The consumer discretionary sector has been a good place to hide out lately.
The XLY Consumer Discretionary Sector SPDR ETF, which tracks the sector, is outperforming the S&P 500 so far this year, and has surged nearly 40% from its March 18 low.
While the XLY has slipped a bit this week, consumers are still spending online with names like Amazon (NASDAQ: AMZN) amid the coronavirus pandemic and one expert says now’s the time to bet on the space.
“We want to be overweight consumer discretionary,” said Laffer Tengler Investments chief investment officer, Nancy Tengler.
Tengler says her greatest worry for the XLY right now is tied to Amazon’s weighting on the ETF as the e-commerce giant is its largest holding.
“We think Amazon has run quite substantially, obviously, and is going to have continued margin pressures,” Tengler said. “The business is growing, but it’s in the lowest-margin portion of the business where they’ve seen the most resilient growth during the shutdown.”
However, aside from Amazon, Tengler says some of the XLY’s other holdings look attractive right now, and said that her firm recently added “substantially to our cyclical growth exposure in the space.”

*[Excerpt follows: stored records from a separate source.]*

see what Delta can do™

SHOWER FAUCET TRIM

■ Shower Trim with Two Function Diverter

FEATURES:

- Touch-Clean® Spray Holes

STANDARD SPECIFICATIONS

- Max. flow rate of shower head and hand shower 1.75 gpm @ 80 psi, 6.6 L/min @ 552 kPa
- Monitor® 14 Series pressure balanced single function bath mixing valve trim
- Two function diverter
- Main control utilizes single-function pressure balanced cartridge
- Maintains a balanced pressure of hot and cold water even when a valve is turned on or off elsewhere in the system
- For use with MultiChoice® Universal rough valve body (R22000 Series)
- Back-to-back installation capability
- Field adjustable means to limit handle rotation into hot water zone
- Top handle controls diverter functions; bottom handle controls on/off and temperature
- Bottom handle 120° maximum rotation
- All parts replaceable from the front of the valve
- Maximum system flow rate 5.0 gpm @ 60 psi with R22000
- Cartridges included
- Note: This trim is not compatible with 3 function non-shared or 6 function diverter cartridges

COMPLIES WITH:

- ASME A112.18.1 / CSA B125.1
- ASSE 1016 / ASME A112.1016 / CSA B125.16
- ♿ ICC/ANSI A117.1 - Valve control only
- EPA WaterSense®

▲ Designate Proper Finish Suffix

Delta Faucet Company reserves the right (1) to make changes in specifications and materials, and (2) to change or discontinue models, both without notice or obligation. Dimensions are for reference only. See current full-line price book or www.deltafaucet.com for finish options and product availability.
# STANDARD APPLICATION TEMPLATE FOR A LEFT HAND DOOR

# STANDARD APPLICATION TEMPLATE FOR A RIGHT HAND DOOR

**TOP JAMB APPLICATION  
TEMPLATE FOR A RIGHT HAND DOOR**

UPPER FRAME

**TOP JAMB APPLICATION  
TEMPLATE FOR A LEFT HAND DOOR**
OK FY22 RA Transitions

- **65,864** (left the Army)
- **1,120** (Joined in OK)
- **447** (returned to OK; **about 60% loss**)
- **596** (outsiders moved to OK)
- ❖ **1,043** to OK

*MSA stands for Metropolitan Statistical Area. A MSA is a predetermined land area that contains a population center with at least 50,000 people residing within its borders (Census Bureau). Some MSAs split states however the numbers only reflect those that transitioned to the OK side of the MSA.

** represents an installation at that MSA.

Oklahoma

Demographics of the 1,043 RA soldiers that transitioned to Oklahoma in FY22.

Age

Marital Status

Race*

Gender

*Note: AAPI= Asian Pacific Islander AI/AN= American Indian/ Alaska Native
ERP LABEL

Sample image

“We were adding positions like T.J. Maxx (NYSE: TJX), and Target (NYSE: TGT),” Tengler said. “We initiated a position in Chipotle (NYSE: CMG), which is not a big portion of the XLY, but it’s run quite dramatically from where we added it. And then the sort of normal suspects like Home Depot (NYSE: HD) and Starbucks (NASDAQ: SBUX) were already large holdings for us and we added to them… for very different reasons, but with the same end result, we believe, coming out of this.”
Jefferies analysts Janine Stichter, Randal Konik, and Jonathan Matuszewski said in a recent note that TJX is likely to be a big winner in a post-COVID-19 world.
“We see the weakened economic backdrop as an accelerant for TJX’s international business,” the Jefferies analysts wrote. “TJX is the only major apparel/home off-price player in Europe, and the off-price segment is earlier in its adoption abroad relative to the U.S. International comps have outpaced the U.S. for the last four quarters driven in part by Brexit uncertainty in the U.K.”
“We see defensive names with a proven track record during economic downturns as likely to garner a premium to peers and history during the medium term as visibility remains limited,” the analysts added.
One thing Tengler is watching for are those names in the space that are seeing a growth in online orders and will benefit from improving technology.
“I think Home Depot has shown dramatic growth online as has Walmart (NYSE: WMT), though it’s a consumer staple because of the grocery business. They’ve been growing quite substantially,” Tengler continued. “Ulta (NASDAQ: ULTA) is a name that we also added recently and their online growth has been 10-30%. So, we like all of those names. We’re looking for the winners that benefit from technology—McDonald’s (NYSE: MCD) would be another one—and can in fact grow in the face of people sort of staying away from stores.”
JPMorgan analyst Christoper Horvers recently rated Ulta an Outperform and boosted his price target on the beauty retailer to $269 – nearly 38% higher than the current price.
“Based on how quickly the beauty business rebounded in China, we believe ULTA could see some of the strongest pent-up demand once stores reopen with ULTA best positioned to capture share,” Horvers said.
Miller Tabak chief market strategist Matt Maley agreed with Tengler that home improvement stocks like Home Depot are a good bet now. Maley added that, looking at the technical picture, if the XLY can break above its 200-day moving average at $118.24 as of Thursday’s close, the consumer discretionary ETF could make a big move higher.
“If you look… over the last 12 months, that line, the 200-day moving average, had been incredibly important support for the XLY,” Maley said. “It bounced… at or near that level five different times last year. It finally broke below it when the whole market rolled over this year. It actually bounced right back up to it very briefly and then rolled over again. Now,… we’re there again.”
“If it can break above that line, it’s going to be very bullish,” Maley added, “and it should be a bullish sign for what the consumer’s going to be doing as we move out of this lockdown phase in the economy.”